Canadian mathematician

Kseniya Garaschuk (born 1982) is a Belarusian Canadian mathematician and mathematics educator. She is an associate professor of mathematics and statistics at the University of the Fraser Valley, and the editor-in-chief of the mathematics journal Crux Mathematicorum.

==Education and career==
Garaschuk was born to a family of mathematicians in Minsk, Belarus. She began studying mathematics and computer science at the Belarusian State University but after a year, when she was 18, moved with her parents to Canada. She took a gap year to improve her English and then completed her undergraduate studies at Simon Fraser University, staying at Simon Fraser for an additional year to earn a master's degree for work in exponential sums in 2008.

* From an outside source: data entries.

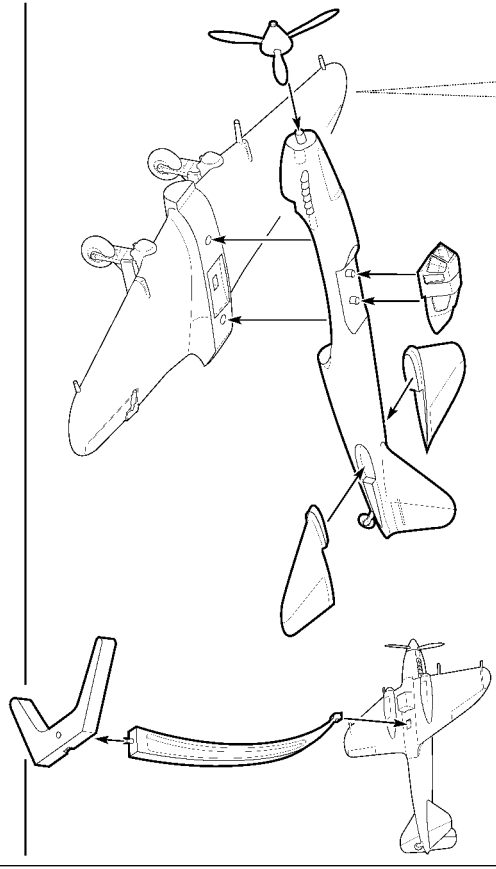

Остальные детали используются в игровой системе «Art of Tactic»
Other parts used only for game system «Art of Tactic WWII».

Для более надежного соединения деталей вы можете использовать клей для пластиковых моделей.
You can use glue for plastic models for more reliable connection of details.

ASSEMBLING SCHEME

СХЕМА СБОРКИ

6125

ART OF TACTIC

www.art-of-tactic.com

СОВЕТСКИЙ ШТУРМОВИК ИЛ-2 (обр.1941 г.) SOVIET STORMOVİK İL-2 (mod.1941)

RUS

Набор является частью расширяемой игровой системы – Art of Tactic «Вторая Мировая», состоящей из множества различных наборов военной техники, солдат и авиации. Основа игровой системы – это базовый стартовый набор – «Вторая Мировая», в котором вы найдёте подробные правила игры, игровые поля, дополнительные игровые аксессуары и различные сценарии. Вы можете увеличивать свою армию, разыгрывать сценарии и совершенствовать тактику. Игровая система постоянно расширяется, в ней появляются дополнительные наборы, новые карты и сценарии. Вся подробную информацию об игровой системе Art of Tactic вы можете найти на сайте www.art-of-tactic.com и www.zvezda.org.ru.
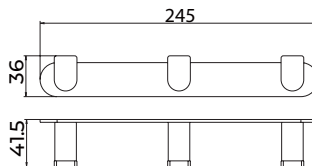

Percha triple de estilo funcional con un diseño limpio y versátil, pensado para ofrecer comodidad y resistencia en el uso diario. Fabricada en acero inox. S.316, especial resistencia a la corrosión y en 5 acabados de color sobre acero inox. S.304. Sistema de doble fijación incluido que **permite elegir entre instalación pegada o atornillado.**

Next, she went to the University of Victoria for doctoral research in mathematics, in combinatorial design theory. She completed her PhD in 2014; her dissertation, Linear methods for rational triangle decompositions, was supervised by Peter Dukes. Finding herself isolated in her research work and more energized by teaching, Garaschuk took a postdoctoral fellowship in science education at the University of British Columbia, under the university's Carl Weiman Science Education Initiative, before joining the faculty at the University of the Fraser Valley, in 2016. Her current research interests include examining effectiveness of various classroom and assessment practices in undergraduate mathematics.

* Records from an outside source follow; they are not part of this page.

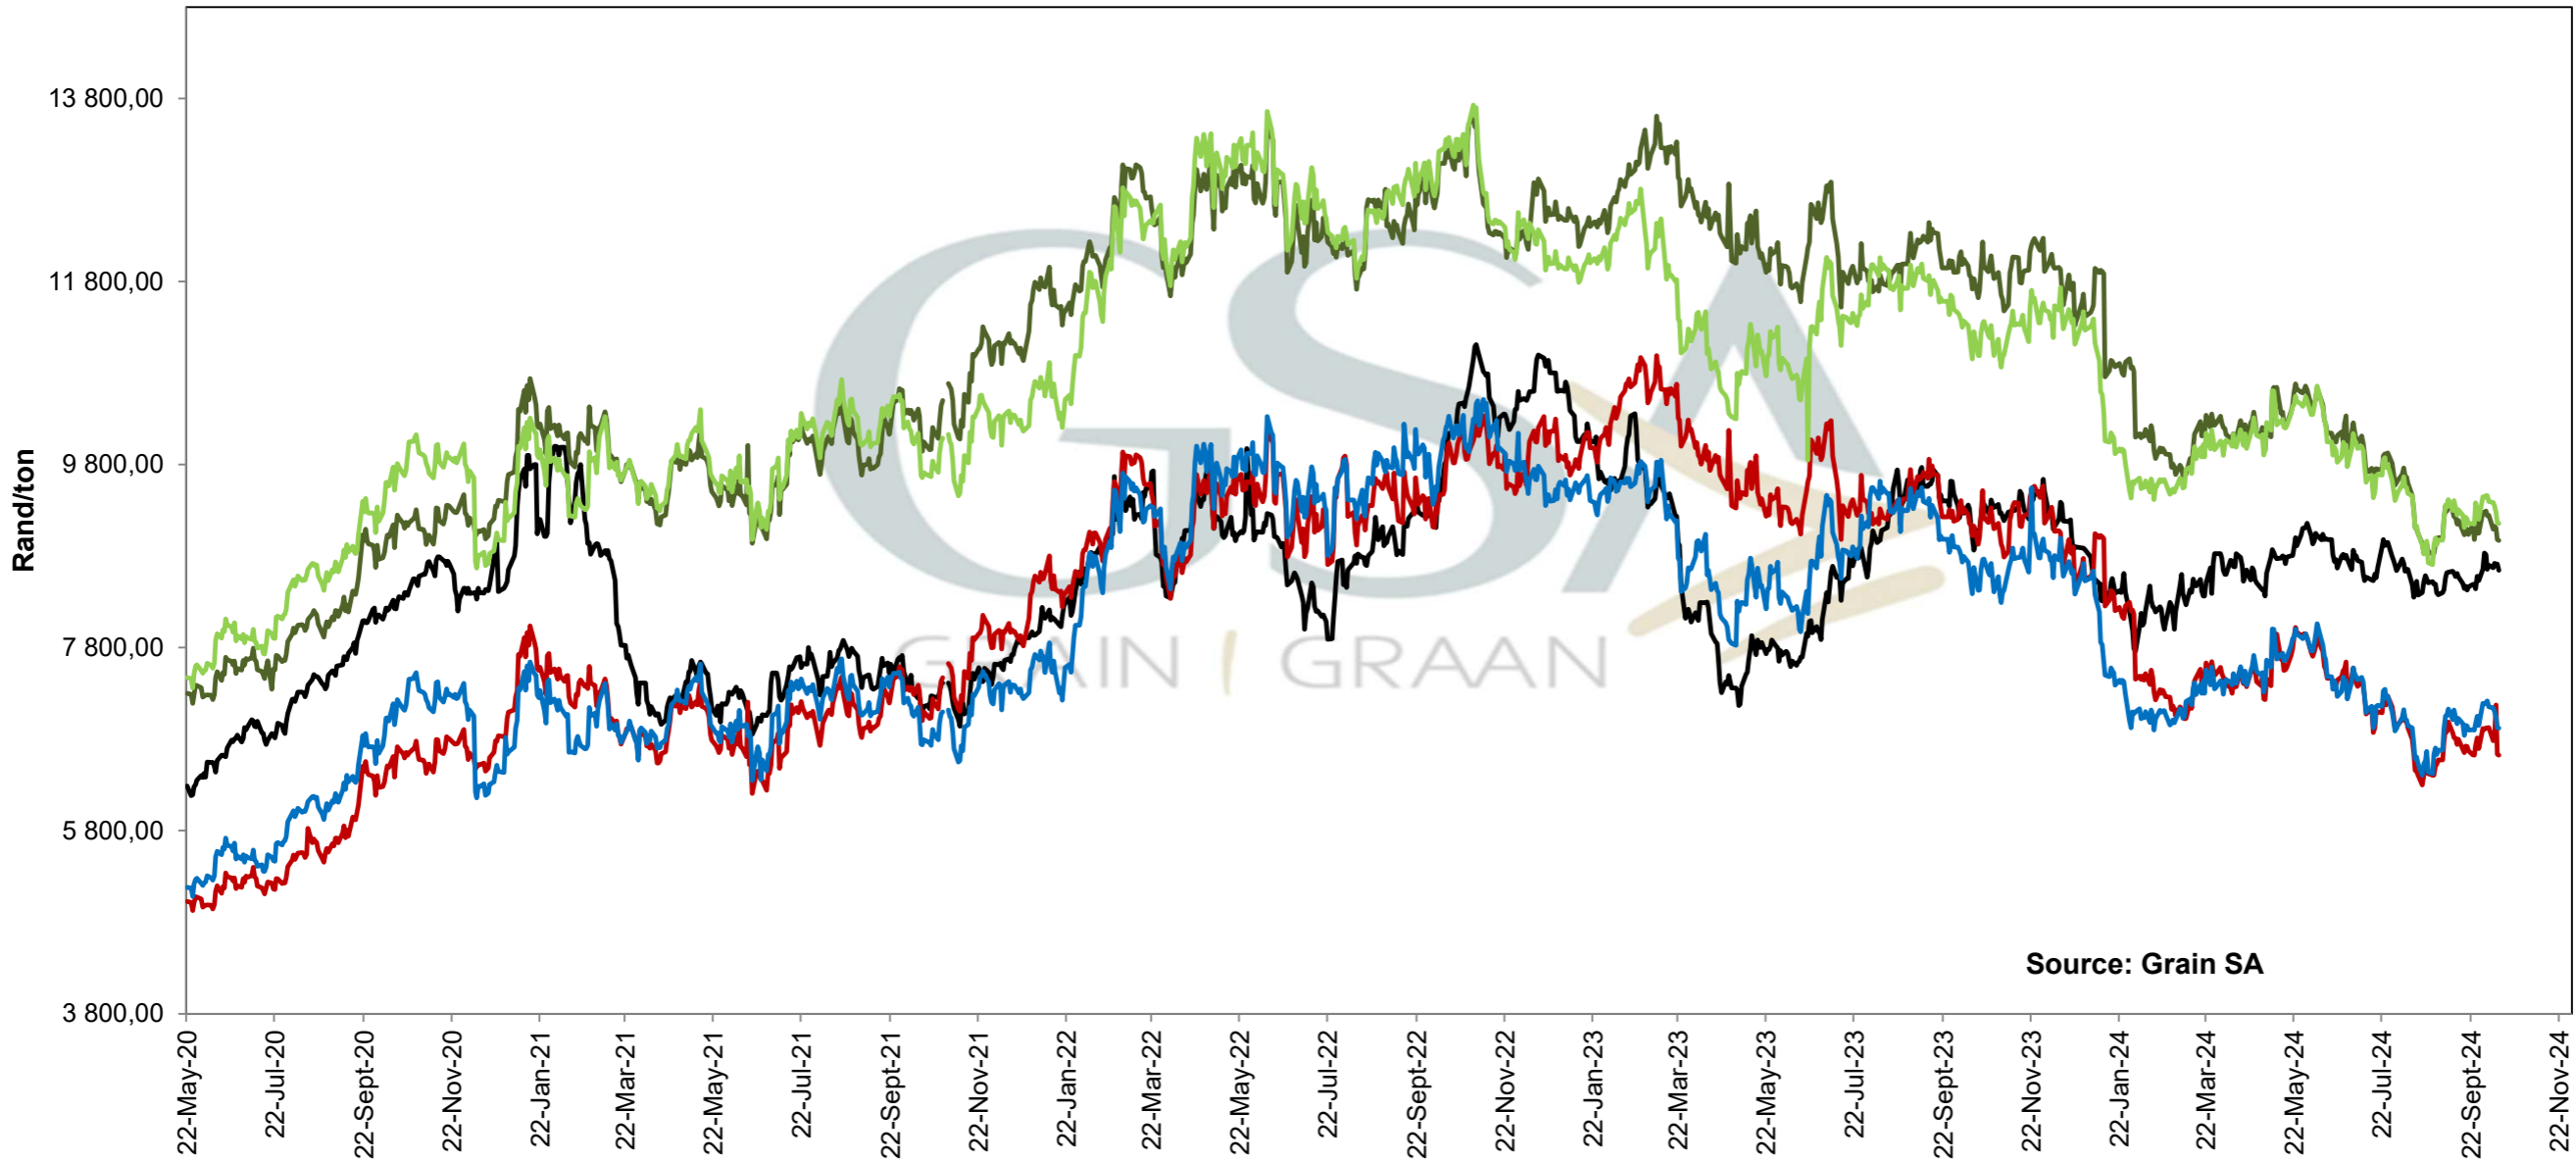

**PRICES OF EU SUNFLOWER SEED DELIVERED IN RANDFONTEIN
PRYSE VAN EU SONNEBLOMSAAD GELEWER IN RANDFONTEIN**

Source: Grain SA

— SAFEX Sonneblom / Sunflower — Invoer Pariteit / Import Parity — Uitvoer Pariteit / Export Parity — Afgeleide sonneblomprys (olie & koek) / Derived sunflowerprice (oil & cake)

Source: Grain SA

- SAFEX Sojabone / Soybeans
- Argentiniese Uitvoer Pariteit / Argentinian Export Parity
- Argentiniese Invoer Pariteit / Argentinian Import Parity
- Brazil Invoer Pariteit / Brazil Import Parity
- Brazil Uitvoer Pariteit / Brazil Export Parity

As well as her editorial work with Crux Mathematicorum, Garaschuk has been active in service to the Canadian Mathematical Society (CMS) since 2008, as student committee chair, a member of the board of directors, in running mathematics camps and community mathematics events. She is a member of the CMS Education Committee and is a contributing editor of the CMS Education Notes.

==Book==
With Andy Liu, Garaschuk is coauthor of the book Grade Five Competition from the Leningrad Mathematical Olympiad, 1979–1992 (Springer, 2020).

==Recognition==
In 2021, the Canadian Mathematical Society gave Garaschuk their Graham Wright Award for Distinguished Service, and named her as a fellow of the society.

In 2018, Garaschuk won University of the Fraser Valley Faculty of Science Teaching Award. In 2020, she was awarded University of the Fraser Valley Faculty of Science Achievement Award for overall excellence in academic endeavours.